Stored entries
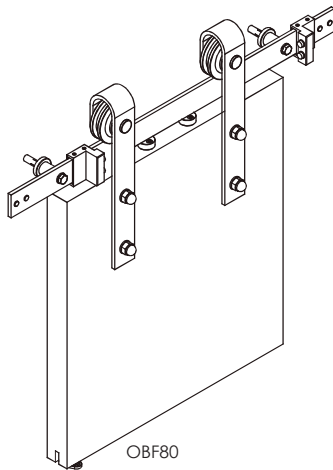

Open Bar Rail Timber 80

Maximum door weight	80kg
Maximum door width	1.1m
Door thickness	35-44mm

Sets - includes track and fittings for one door

Description	Code
Open Bar Rail 80 kit - 2m powder coated black	OBF80-20PB
Open Bar Rail 80 kit - 2.5m powder coated black	OBF80-25PB
Open Bar Rail 80 kit - 2m stainless steel	OBF80-20
Open Bar Rail 80 kit - 2.5m stainless steel	OBF80-25
Open Bar Rail 80 - 2m antique bronze	OBF80-20ABZ
Open Bar Rail 80 - 2.5m antique bronze	OBF80-25ABZ

Rail joiners

Description	Code
Open Bar Rail 80 joining bracket - powder coated black	80B-JBPB
Open Bar Rail 80 joining bracket - stainless steel	80B-JB
Open Bar Rail 80 joining bracket - antique bronze	80B-JBABZ

Wall bracket spacer discs

Description	Code
Open Bar Rail 80 14mm spacer disc (use behind wall mounting brackets) - powder coated black	OBF80-PACKERPBK
Open Bar Rail 80 14mm spacer disc (use behind wall mounting brackets) - stainless steel	OBF80-PACKERSS
Open Bar Rail 80 14mm spacer disc (use behind wall mounting brackets) - antique bronze	OBF80-PACKERABZ

Guides

Description	Code
Stainless steel sawcut guide - stainless steel	531T
Stainless steel sawcut guide - PVD black finish	531TPR
Adjustable guide for multiple panels	106AT
94 Series guide - stainless steel plate and precision bearing	106E/94
94 Series guide - large stainless steel mounting plate and precision bearing	106RB/94
94 Series guide - stainless steel angle plate with adjustable precision bearing	106A/94
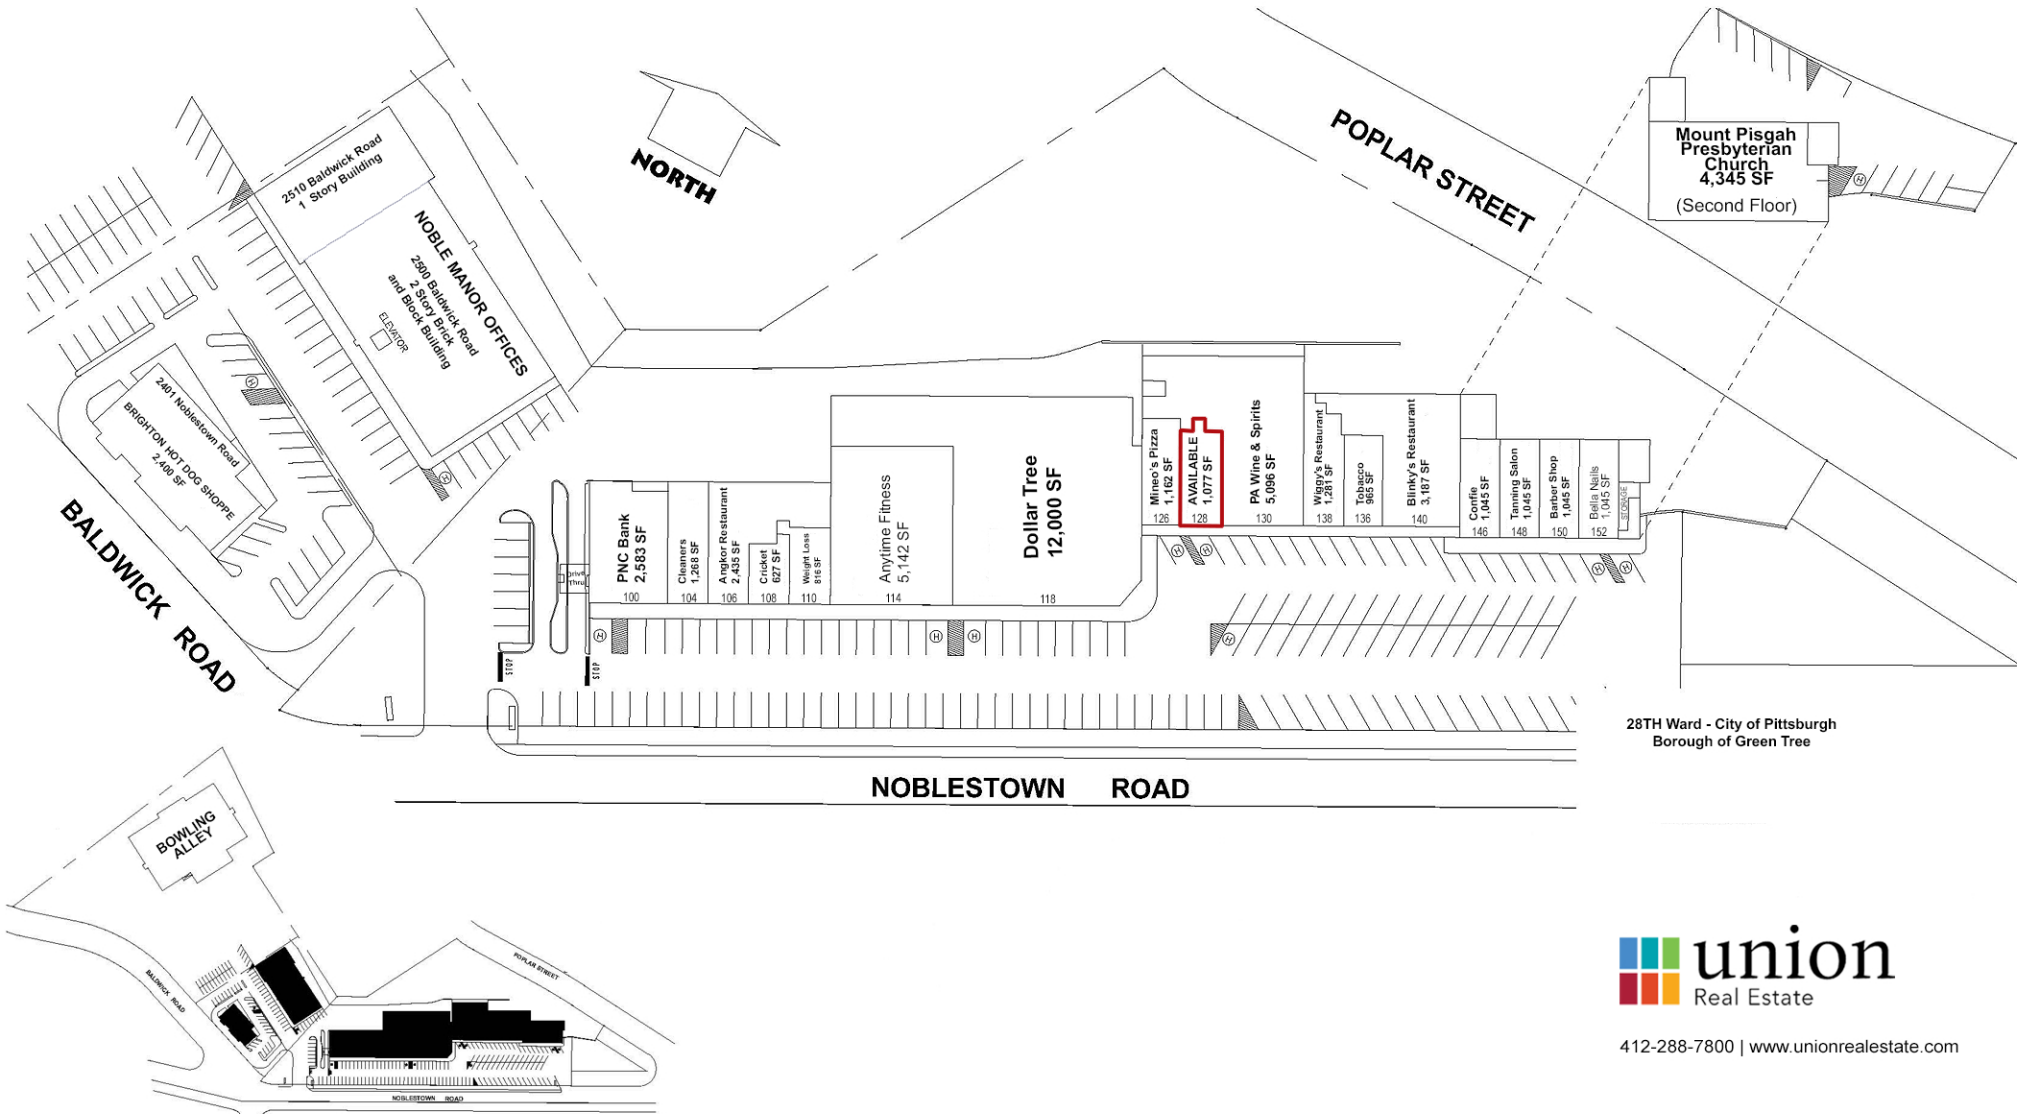

NOBLE MANOR SHOPPING CENTER

2350 Noblestown Road, Pittsburgh

and 2500 Baldwick Road
and 2510 Baldwick Road
Allegheny County, Pittsburgh, PA 15205

28TH Ward - City of Pittsburgh
Borough of Green Tree

412-288-7800 | www.unionrealestate.com
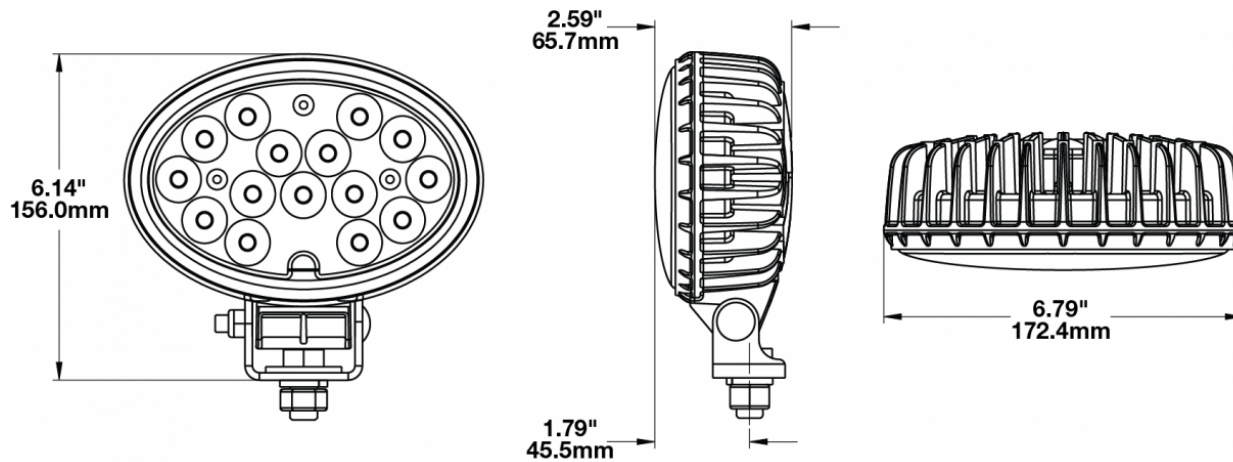

LED Work Lights – Model 7150

PRODUCT INFORMATION

Description	12-24V LED Work Light with Polycarbonate Lens & Trapezoid Beam Pattern
Height	155.96 mm / 6.14 in
Width	172.47 mm / 6.79 in
Depth	77.11 mm / 3.04 in
Shape	Oval
Outer Lens Material	Polycarbonate
Outer Lens Color	Clear
Housing Material	Die-Cast Aluminum
Housing Color	Black
Mounting Hardware Description	(x1) 1/2"-13 x 1"
Minimum Operating Temperature	-40 °C / -40 °F
Maximum Operating Temperature	65 °C / 149 °F
Connector or Wiring	Deutsch DT04-2P
Mating Connector	Deutsch DT06-2S
Product Weight	2.10 lbs / 0.95 kgs
Shipping Weight	2.10 lbs / 0.95 kgs

PRODUCT DIMENSIONS

ELECTRICAL SPECIFICATIONS

Input Voltage	12-24V DC
Operating Voltage	10-32V DC
Transient Spike Protection	330V Peak @ 1 HZ-100 Pulses
Red Wire	Power - Positive
Black Wire	Ground - Negative
Current Draw	5.50A @ 12V DC 3.20A @ 24V DC

LED Work Lights – Model 7150

PHOTOMETRIC SPECIFICATIONS

Raw Lumen Output	5,400
Effective Lumen Output	4,500
Nominal LED Color Temperature	5000 K
Beam Pattern(s)	Forward Lighting - Trapezoid

APPLICATIONS

RELATED PRODUCTS

**Exercise brief:**
Which lines of the records above hold the word "precision"? Copy each of them.

**Response below:**
94 Series guide - stainless steel plate and precision bearing	106E/94
94 Series guide - large stainless steel mounting plate and precision bearing	106RB/94
94 Series guide - stainless steel angle plate with adjustable precision bearing	106A/94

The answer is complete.